== Segment start ==
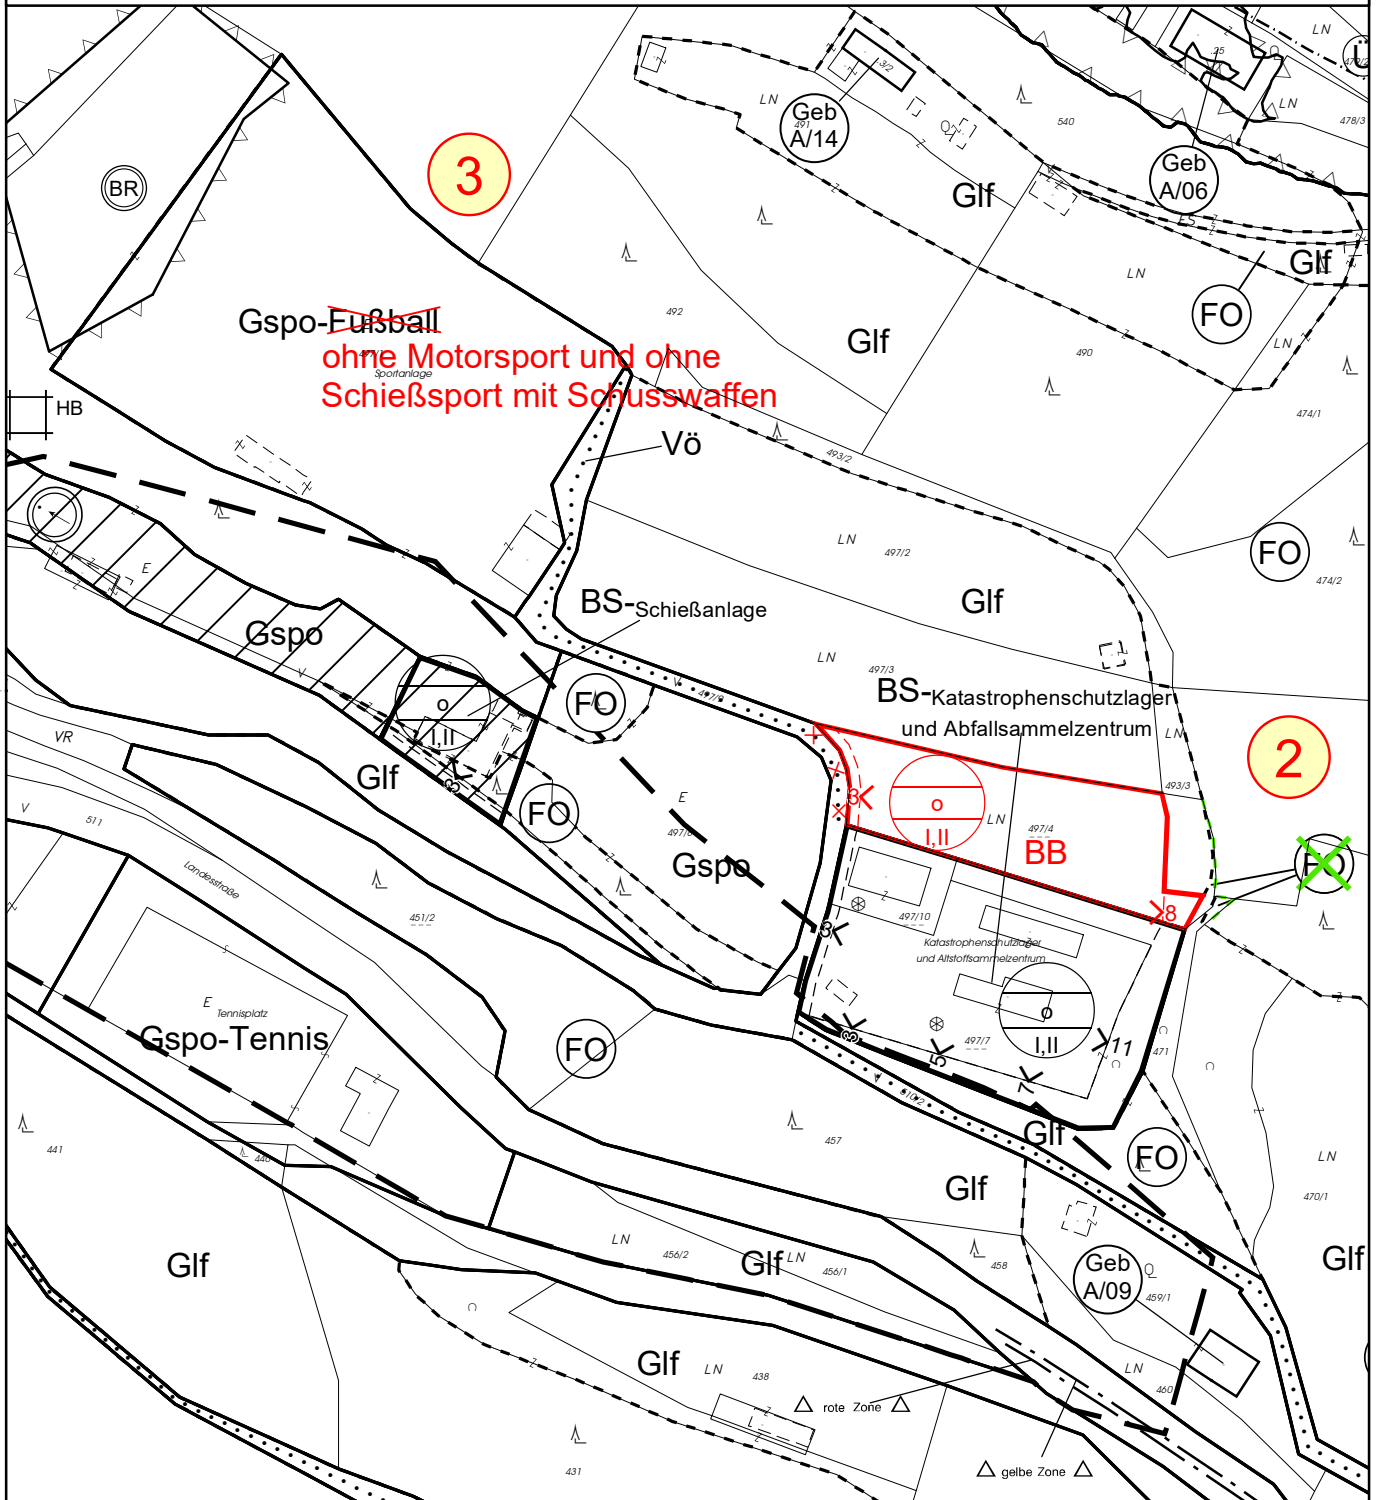

DIGITALER BEBAUUNGSPLAN MARKTGEMEINDE SENFTENBERG KG Senftenbergeramt

1. Änderung des digitalen Bebauungsplanes
Auflage (20.07.2022 - 31.08.2022)

M = 1:2.000

Plannummer: 1350/001/02

Datum: 18.07.2022
== Segment end ==
#### [EXERCISE REQUIREMENTS]
Transcribe the records above exactly as they appear, leaving out any pictures.

#### [OUTPUT FOR THIS TASK]
DIGITALER BEBAUUNGSPLAN MARKTGEMEINDE SENFTENBERG KG Senftenbergeramt

1. Änderung des digitalen Bebauungsplanes
Auflage (20.07.2022 - 31.08.2022)

M = 1:2.000

Plannummer: 1350/001/02

Datum: 18.07.2022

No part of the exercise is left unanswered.